For a low-noise latency example, read
[references/case-studies.md](references/case-studies.md).

#### Distributed hang

If this looks like a collective stall, save the failing request, replay it on a
clean target, collect the replay-time bundle and stacks, then switch to
`debug-distributed-hang`.

For an example of that flow, read
[references/case-studies.md](references/case-studies.md).

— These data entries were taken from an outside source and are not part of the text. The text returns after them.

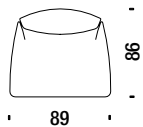

2,2 mt. 3,4 m² 0,3 m³ 14 Kg

€ €
 H _____
 Q _____
 S _____
 W _____
 Y _____
 T _____
 Z _____

Small armchair

Poltroncina 061

2,2 mt. 3,8 m² 0,4 m³ 16 Kg

€ €
 H _____
 Q _____
 S _____
 W _____
 Y _____
 T _____
 Z _____

Armchair

Poltrona 001

4 mt. 6,8 m² 0,8 m³ 24 Kg

€ €
 H _____
 Q _____
 S _____
 W _____
 Y _____
 T _____
 Z _____

Swivel armchair

Poltrona girevole 0V6

4 mt. 6,8 m² 0,8 m³ 35 Kg

€ €
 H _____
 Q _____
 S _____
 W _____
 Y _____
 T _____
 Z _____

Table Laminam® top

Tavolino piano Laminam® 06H

0,2 m³ 14 Kg

€
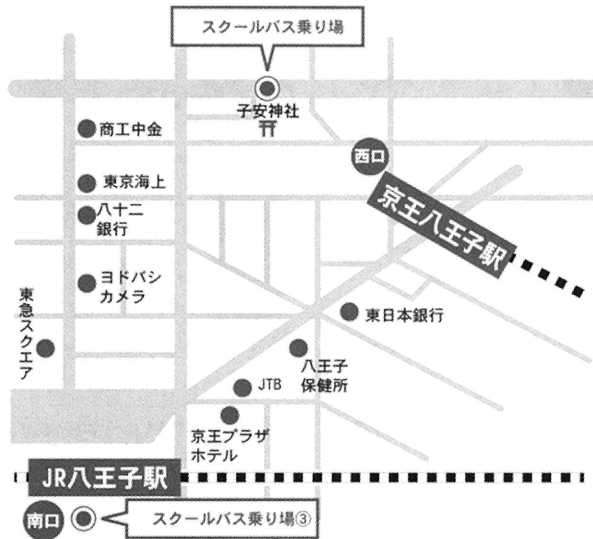

# 啓明学園 送迎バス乗り場

**拝島駅南口** ファミリーマート前にてお待ちください。(14:00 発、14:20 発)

**JR八王子駅南口** バス乗り場③にてお待ちください。(13:35 発)

**京王八王子駅西口** 甲州街道沿いの子安神社裏門前にてお待ちください。(13:45 発)

**南大沢駅** 南大沢大橋にてお待ちください。(13:00 発)
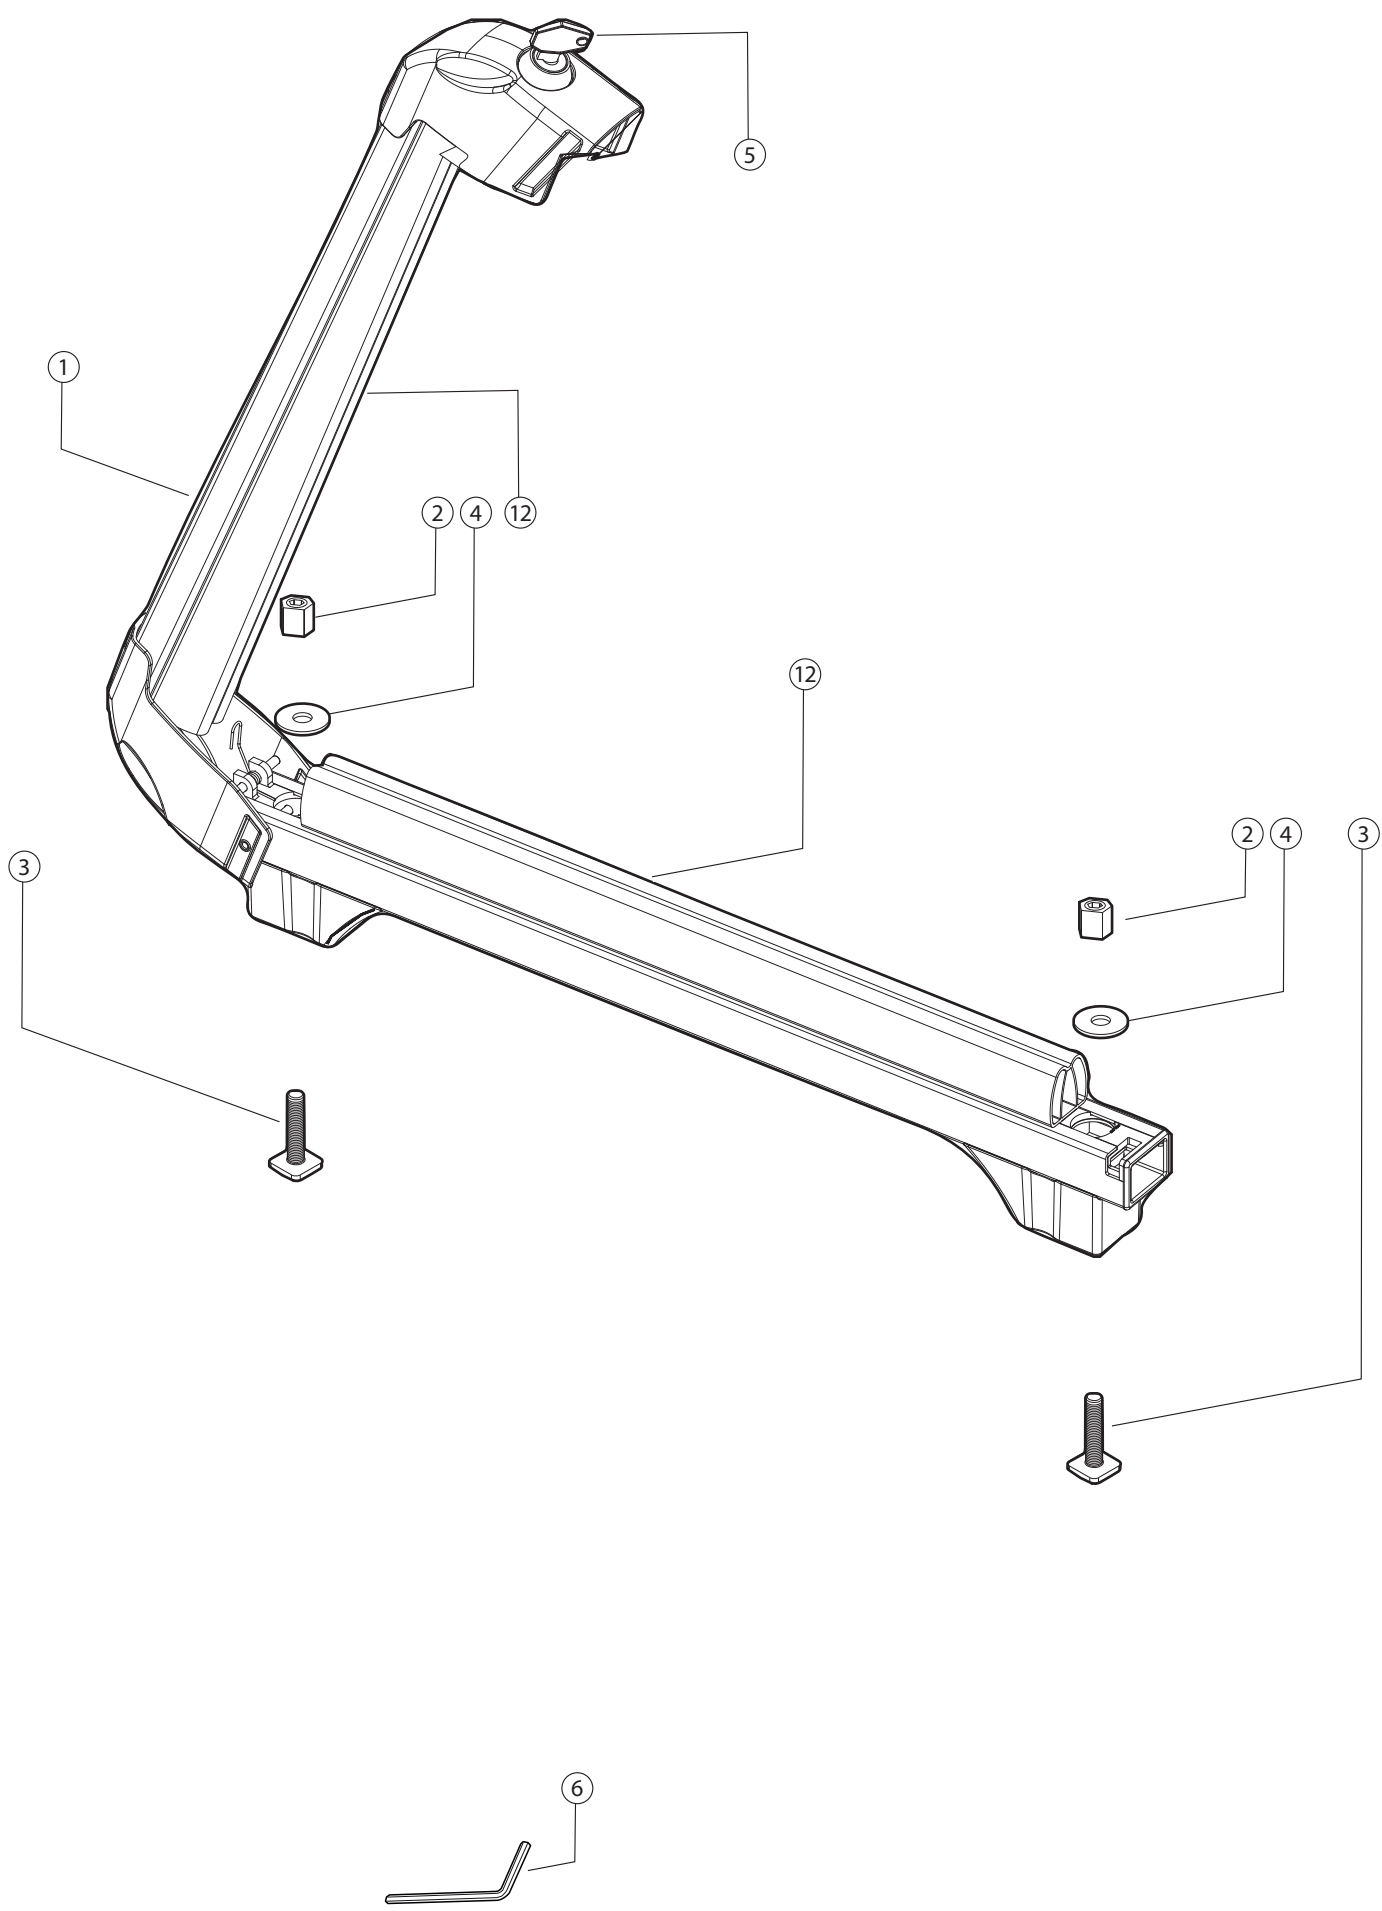

Made in Italy

IT] AVVERTENZE
EN] WARNINGS
FR] PRÉCAUTIONS
DE] MISER EN GARDE
ES] ADVERTENCIAS

N°	[IT]Componenti (Inclusi) [EN]Components (Included) [FR]Composants (Compris) [DE]Die Komponenten (im Lieferumfang enthalten) [ES]Componentes (Incluido)	Q.
1		2
2		4
3	20mm/0.8" M6x45	4
4	Ø6x18	4
5	xxxx	2
6	6mm - 0,3"	1

N°	OPTIONAL KIT 000084700000	Q.
A	M6	8
B	M6x55	8
C		4
D		4
E	13mm/0.5" M6x60	4

N°	[IT]Ricambi (A Richiesta) [EN]Spare Parts (Made to order) [FR]Pièces de rechange (Sur commande) [DE]E Teile (auf Anfrage) [ES]Piezas de recambio (Previa solicitud)	Codice-Code-Código	Q.
2		700023200000	4
3	20mm/0.8" M6x45	700023300000	4
4	Ø6x18		4
5	xxxx	700014400000	2
6	6mm - 0,3"	700023700000	1
12		700023400000	1
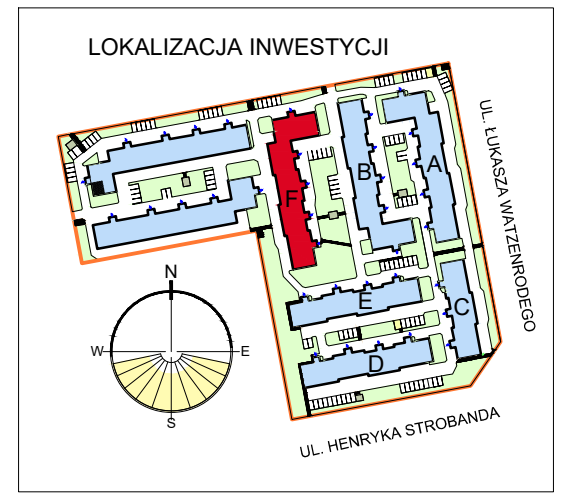

RZUT GARAŻU 2-STANOWISKOWEGO F12

**STANOWISKO GARAŻOWE F12/12
W GARAŻU 2-STANOWISKOWYM F12
SKALA 1:50**

LOKALIZACJA GARAŻU W BLOKU

POZIOM 0 - PIĘTRO 0

Zestawienie pomieszczeń

Numer	Nazwa	Powierzchnia
12	Stanowisko garażowe F12/12	16,65m ²
		16,65m ²

OSIEDLE "ZIELONY ZAKĄTEK" UL. WATZENRODEGO 43, TORUŃ

KARTA GARAŻU

POWIERZCHNIE LOKALI POLICZONE W ŚWIETLE ELEMENTÓW KONSTRUKCYJNYCH, BEZ UWZGLĘDNIENIA WYKOŃCZENIA ŚCIAN.
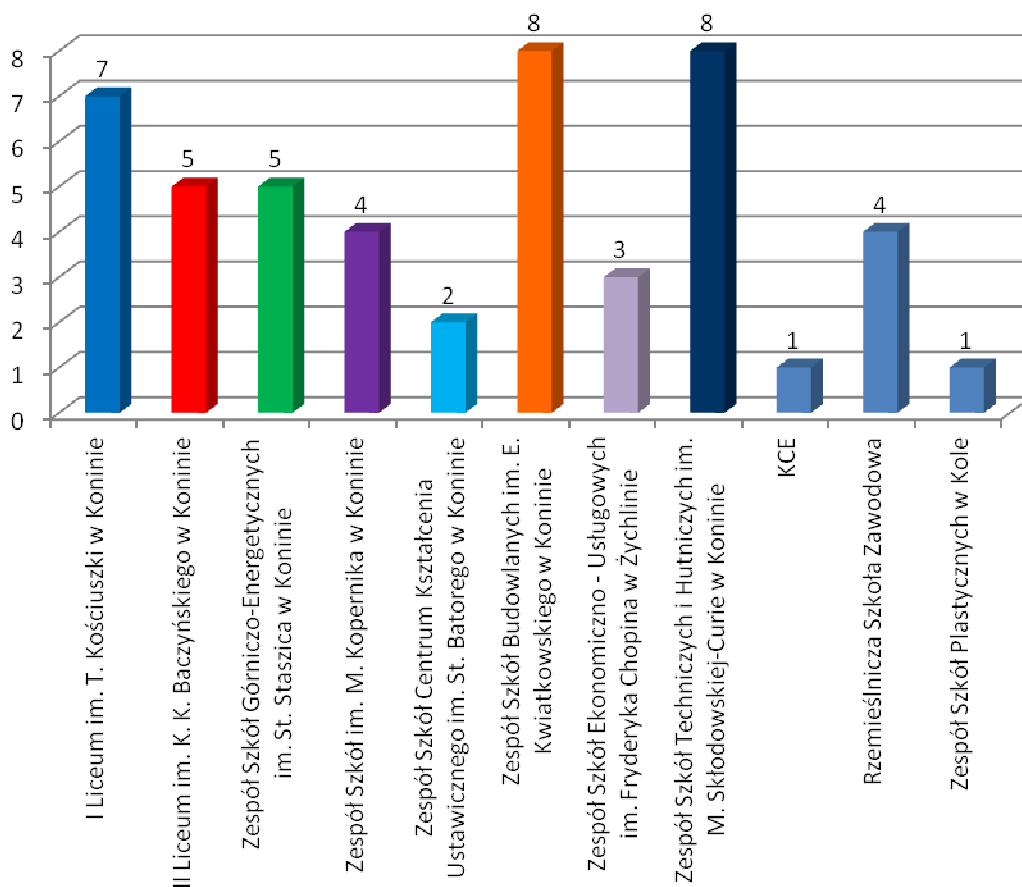

Losy absolwentów
Gimnazjum im. Kard. Stefana Wyszyńskiego w Starym Mieście
- kontynuacja nauki w szkole ponadgimnazjalnej - analiza graficzna
rok szkolny 2015/2016

Wybór szkoły ponadgimnazjalnej

Wybór szkoły ponadgimnazjalnej

Liceum ogólnokształcące z klasami o kierunku ...

Wybór kierunków w technikum

Wybór zawodów w szkole zawodowej

Przyjęcie do szkoły ponadgimnazjalnej

#### Regression between two commits

If one commit is known-good and another is known-bad, build a deterministic
harness before doing deeper manual debugging:

1. choose a stable reproducer: request replay, benchmark command, or correctness check
2. make the harness return `0` on good behavior and non-zero on bad behavior
3. run `git bisect start <bad> <good>`
4. run `git bisect run <harness>`
5. return here only after a candidate commit is isolated

Prefer replay-backed bisect when the regression depends on request shape or
long-running serving state.

### 6. Switch tools when the boundary is clear

Switch tools once the fault class is clear:

- `llm-torch-profiler-analysis` for kernel and overlap attribution
- `debug-distributed-hang` for collective or rank-divergence hangs
- `debug-cuda-crash` for CUDA crash reproduction and kernel API logging

Do not switch tools before collecting the first bundle unless the user already has
decisive logs or dumps.

## References

Load only what the current step needs:

- [references/decision-tree.md](references/decision-tree.md)
  - problem classes, tool switch points, return shape
- [references/endpoints-and-signals.md](references/endpoints-and-signals.md)
  - endpoint behavior, auth notes, field reading
- [references/replay-trace-profile.md](references/replay-trace-profile.md)
  - request dump, crash dump, replay, trace, profiler step, bisect
- [references/case-studies.md](references/case-studies.md)
  - compact examples for replay-first CUDA crash, latency, and distributed-hang triage

## Scripts

- [scripts/incident_artifact_tool.py](scripts/incident_artifact_tool.py)
  - collect a read-only live bundle
  - summarize a collected bundle into a compact debug note
  - summarize a trusted request dump or crash dump before replay
- [scripts/replay_trusted_request_dump.py](scripts/replay_trusted_request_dump.py)
  - replay a trusted request dump when `safe_pickle_load` blocks stock replay

If a live bundle was collected, include its path.

If replay, trace, or profiling was chosen, say why bundle plus dump were not enough.